И вот Костя видит, как она идет вместе с Дунаевым, улыбаясь и светясь, как будто облек ее нимбом месяц май.
И Косте не то грустно, не то больно. Но и боль, и грусть сладостны. И поет, поет Костино сердце свою тринадцатую весну.
А дома уже лежит на полу раскрытый чемодан, пахнущий кожей, и дядя Сережа, пыхтя, укладывает тщательно белье и покупки.
Мама с влажными глазами целует Костю в лоб. И отец, и сестры, что-то говорят родное, обнимая.
Так приятно ехать по Остоженке вместе с дядей Сережей, когда позади – плед с подушками, а в ногах у извозчика чемодан, – приятно так ехать, сознавая, что кончилась гимназия до осени, а вот сейчас предстоит вокзал и вагон и что-то новое в этом городе Козлове.
Когда-то гостил Костя у дяди, но это было давно, как во сне, а теперь Костя большой, и теперь он все поймет и оценит. Да, он большой, почти такой, как Дунаев Николай. И вот вспоминает Костя рыжеватую девочку и покрасневшего товарища, и опять Костино сердце мечтает о непонятном.
Как странно ехать так в вагоне с незнакомыми, которые сидят рядом, еще вчера от тебя далекие, – а сегодня они разговаривают с тобою, и ты видишь их глаза и прислушиваешься к их голосу под мерный стук железа. И как таинственны эти знакомства. За каждой фразой звучит иная жизнь, глуходалекая жизнь соседа-пассажира. Что-то у него на сердце? Кого-то он любит сейчас? О чем тоскует?
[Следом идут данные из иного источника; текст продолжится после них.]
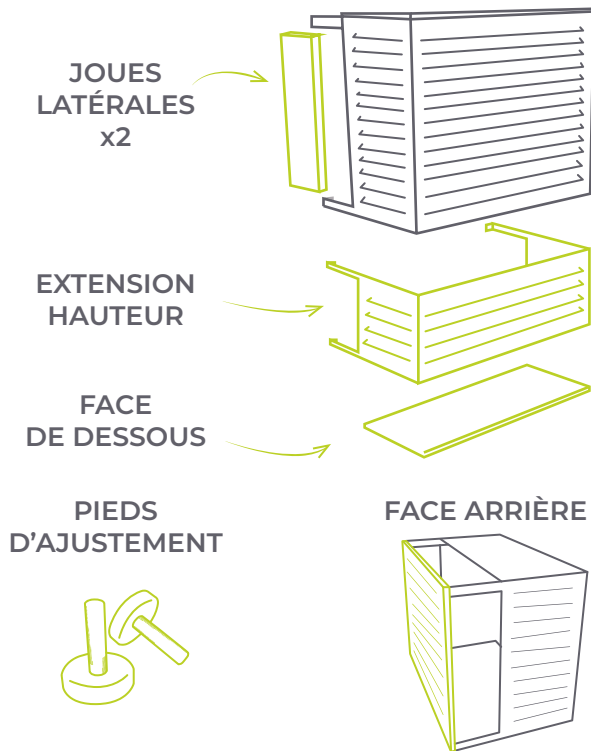

ACCESSOIRES

ALUMINIUM

Дядя и Костя едут в общем вагоне второго класса. Напротив сидят двое: темнобородый инженер в зеленой тужурке и его дочка, лет пятнадцати. Он называет ее Любочкой. У Любочки глаза – как миндалины и нежные тонкие пальчики на руках.
Косте хочется прижаться губами к этим розоватым пальчикам. И в ногах у Кости приятная истома.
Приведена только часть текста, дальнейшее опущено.